Shoulder Impingement

Shoulder Impingement

Shoulder impingement refers to mechanical compression and/or wear of the rotator cuff tendons. The rotator cuff is actually a series of four muscles and tendons connecting the scapula (shoulder blade) to the humeral head (upper part of the arm bone). These muscles are located deep in the shoulder, beneath the deltoid muscle that gives your shoulder its contour. The rotator cuff is important in maintaining the upper arm bone within the socket during normal shoulder function and also contributes to shoulder strength during activity.

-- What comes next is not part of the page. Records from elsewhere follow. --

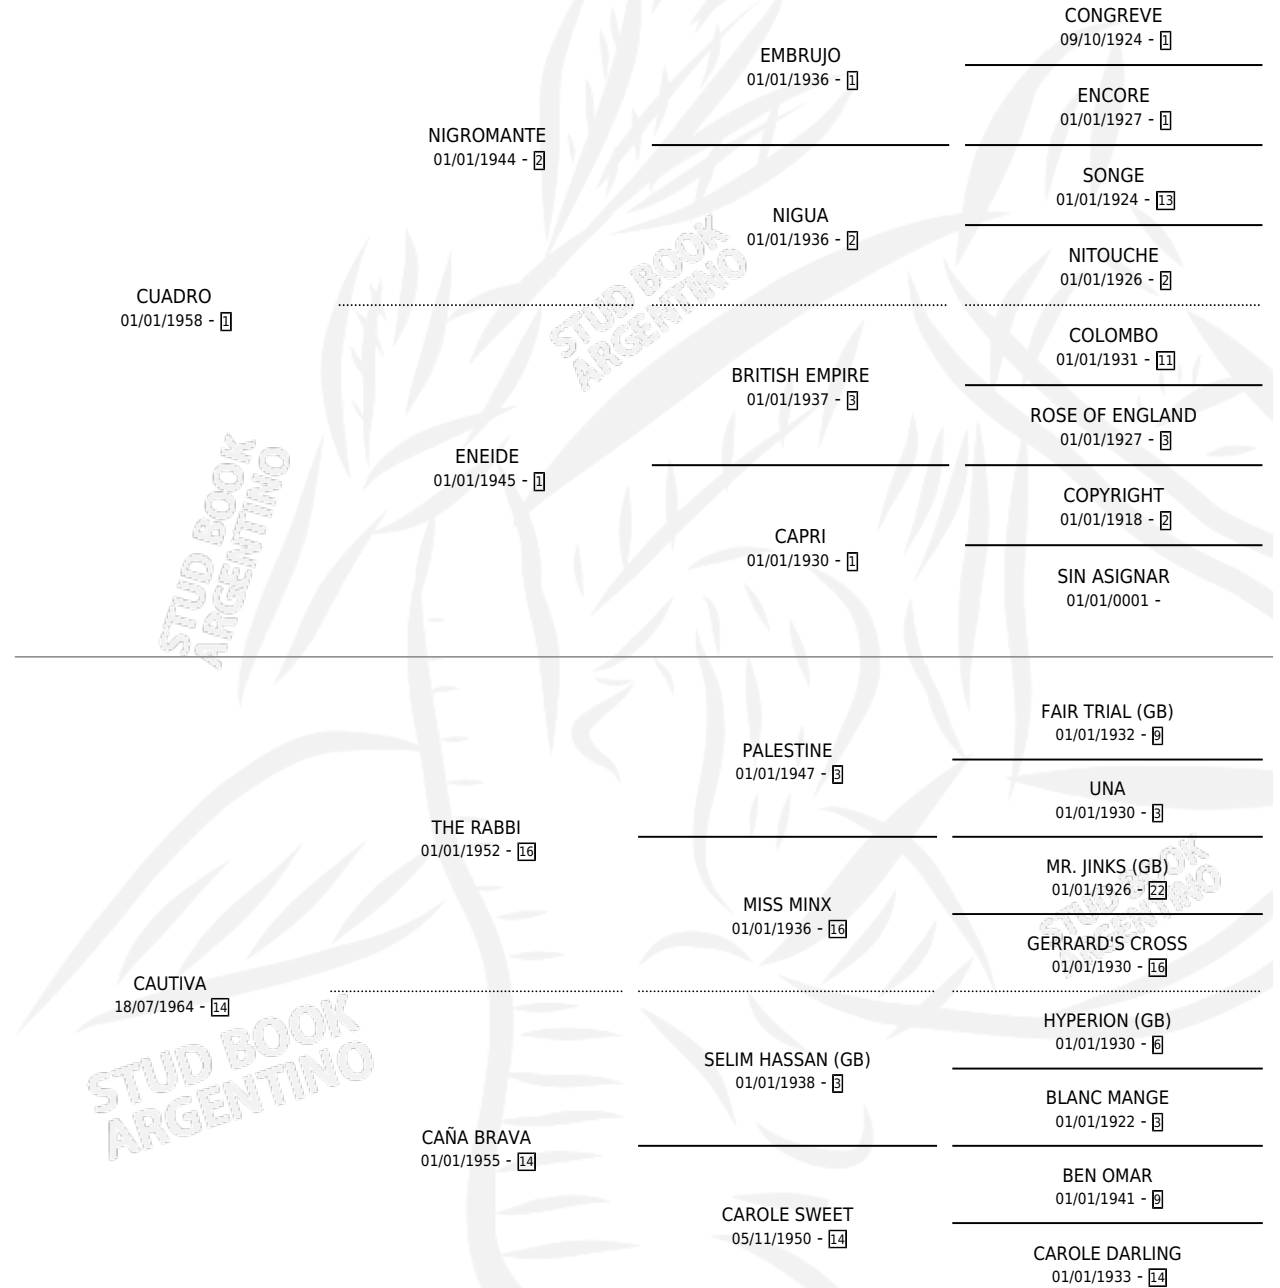

SIE-THAO

por CUADRO y CAUTIVA por THE RABBI

Argentina · Macho · Zaino · SP · 24/08/1974
Familia 14-b · Volumen 28

ESTADO

TIPIFICACIÓN SANGUÍNEA	X
TIPIFICACIÓN POR ADN	X
PASAPORTE	X
IDENTIFICACIÓN POR MICROCHIP	X
REPRODUCTOR	X

Lugar de nacimiento: Campo particular

Criador: Sin dato

PEDIGREE

CAMPAÑA

Solo carreras oficiales de Argentina

POR EDAD

EDAD	CC	1°	2°	3°	4°	5°	NP	CLC	CLG	CLCG1	CLGG1	IMPORTE	GANANCIA / CC
4 AÑOS	1	1	0	0	0	0	0	0	0	0	0	\$0	\$0
TOTALES	1	1	0	0	0	0	0	0	0	0	0	\$0	\$0
%		100%	0.0%	0.0%	0.0%	0.0%	0.0%	0.0%	0.0%	0.0%	0.0%		
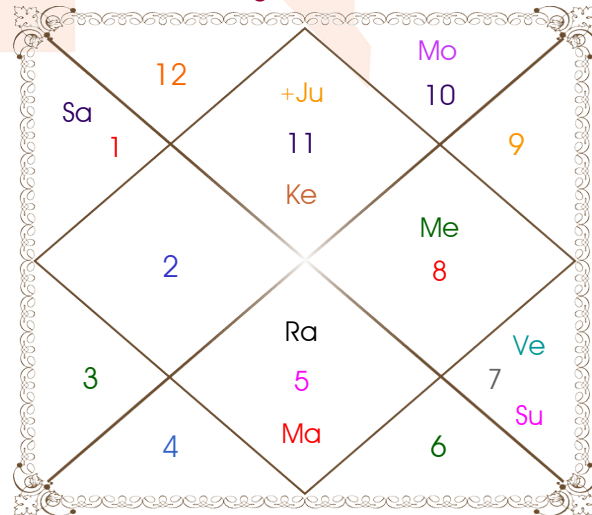

Lagna-Chalit
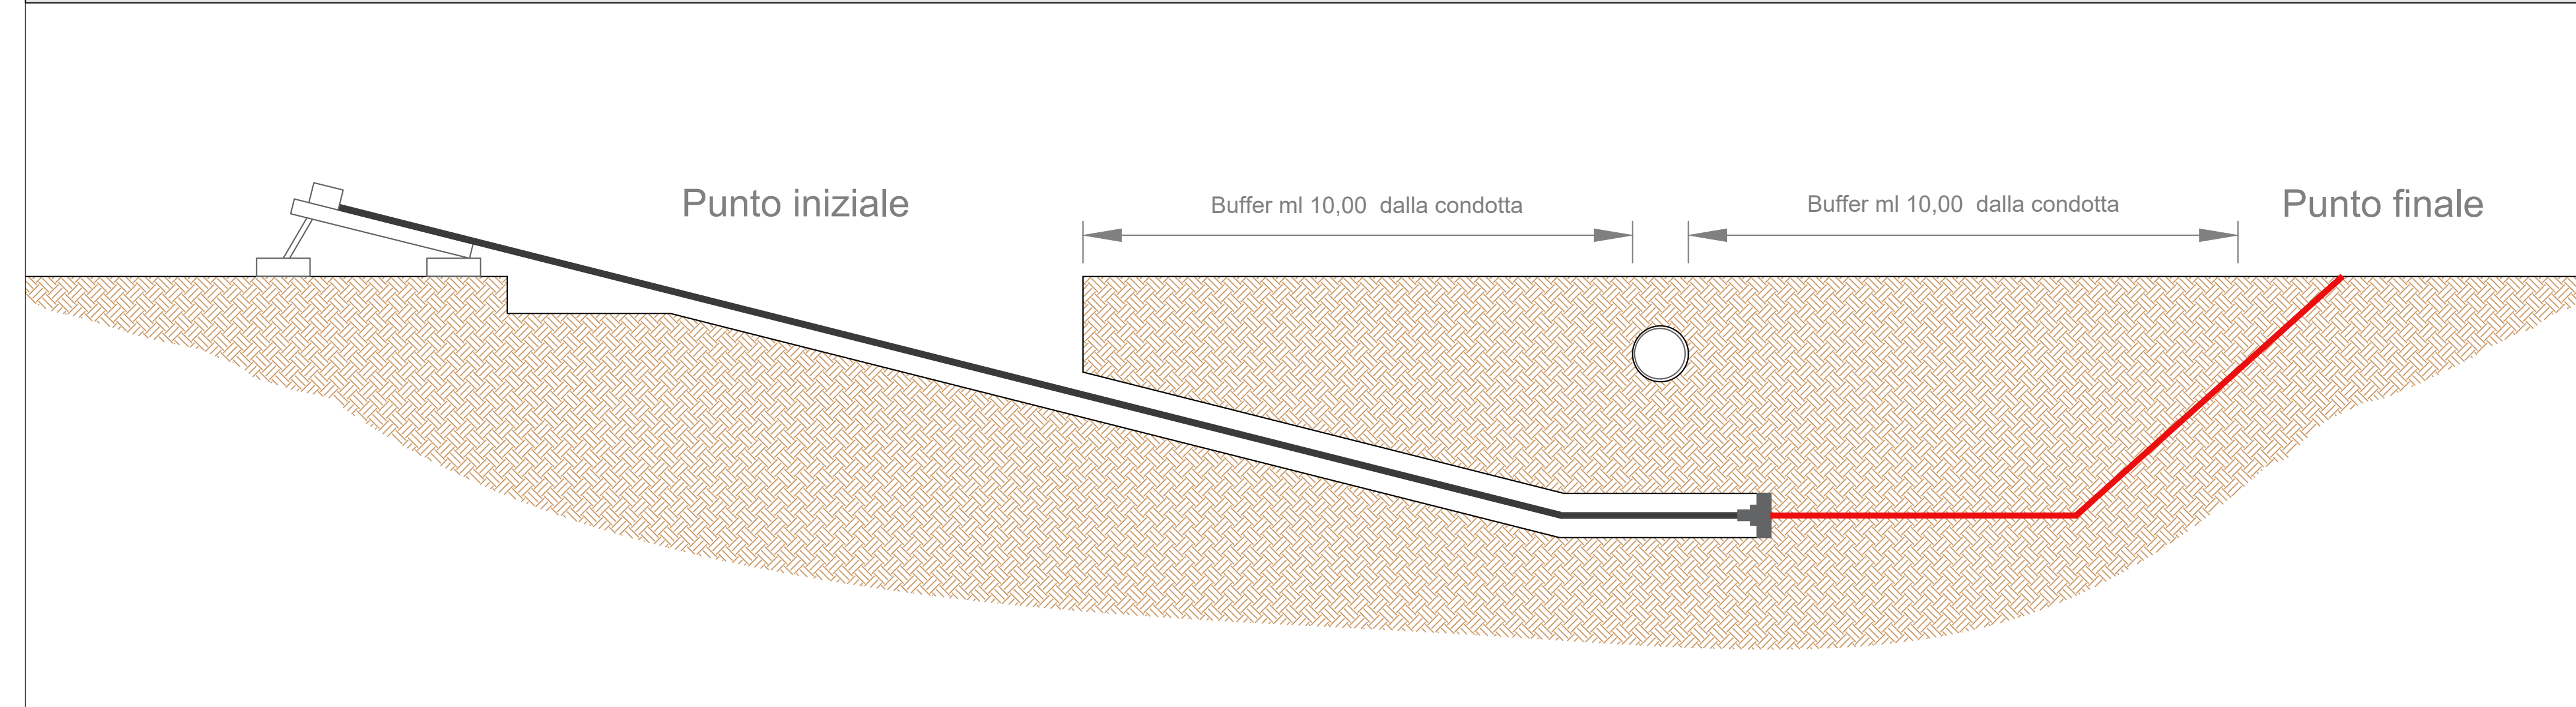

DETTAGLIO A_SEZIONE SU CAMPO AGRIVOLTAICO scala 1:20

DETTAGLIO B_SCAVO SU STRADA ASFALTATA scala 1:10

DETTAGLIO C_SCAVO SU TERRENO AGRICOLO scala 1:10

DETTAGLIO D_TOC SU CONDOTTA scala 1:50

PLANIMETRIA DI RIFERIMENTO

STRALCIO PLANIMETRICO CAMPO AGRIVOLTAICO scala 1:2000

DETTAGLIO E_Ancoraggio recinzione scala 1:50

Pianimetria, prospetto, sezioni		Poveritis	
opere d'arte		Poveritis	
PROGETTO	FORRESTELLA CARRETTA	PRODOTTORE	Poveritis
OPERAZIONE	FORRESTELLA CARRETTA	PROGETTO	Poveritis
DATA	2014	PRODOTTORE	Poveritis
DATA	2014	PRODOTTORE	Poveritis
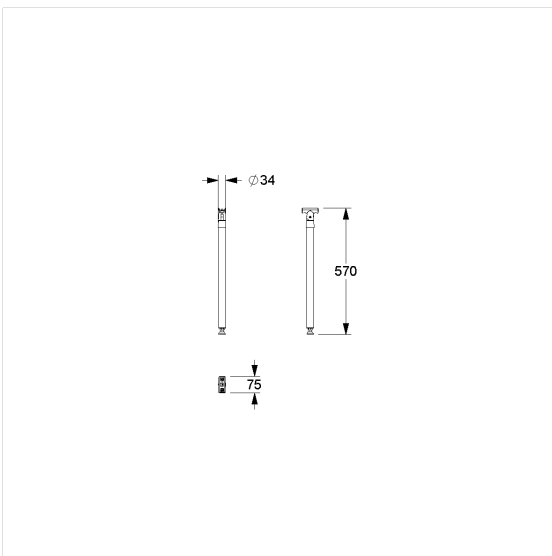

Care Solutions · Eco Care

Eco Care Bodenstütze,
nachrüstbar

Artikelnummer: 1449331018

Produktbild

Technische Daten

Produktgruppe	3700
Produkt	Bodenstütze, nachrüstbar
Länge	34 mm
Breite	76 mm
Höhe	566 mm
Durchmesser	32 mm
Material	Edelstahl, Werkstoff Nr. 1.4301 (A2, AISI 304), Gelenk aus Polyamid
Oberfläche	fein matt
Farbe	Dunkelgrau (018)

Technische Zeichnung

Produktbeschreibung

- Eco Care als solide und preiswerte Care Solution
- die Bodenstütze dient als Unterstützung bei unzureichender Wandbeschaffenheit, dadurch können die resultierenden Kräfte auf die Wandbefestigung reduziert werden
- mit rutschhemmendem Bodenpuffer in Schwarz
- für Eco Care Stützklappgriffe
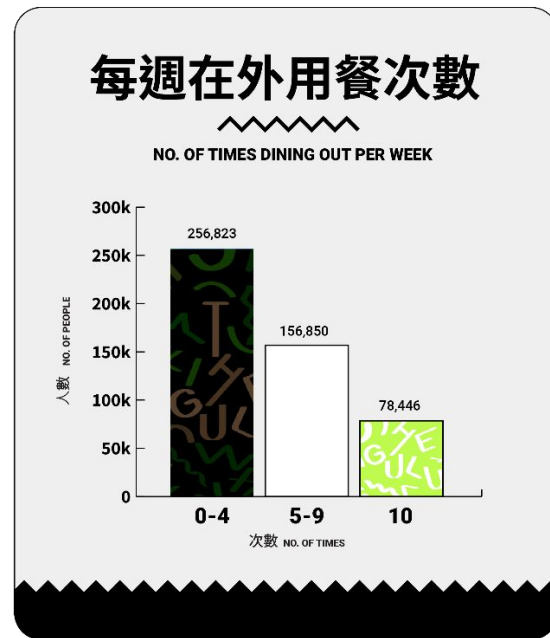

ABOUT THE GULU

Normally, the rotator cuff glides smoothly when moving. Any process that compromises the gliding function of the rotator cuff is known as shoulder impingement.

Causes of Shoulder Impingement

Common causes of shoulder impingement include weakening and degeneration within the tendon due to aging, the formation of bone spurs and/or inflammatory tissue within the space above the rotator cuff (subacromial space), and overuse injuries. Activities that can lead to impingement most commonly involve repetitive overhead motion. This is typically seen in such things as painting, carpentry, tennis, baseball, swimming, etc.

Symptoms of Shoulder Impingement

Patients with impingement most commonly complain of pain, pinching, and stiffness in the shoulder, which is worse with overhead activity and sometimes severe enough to cause awakening at night.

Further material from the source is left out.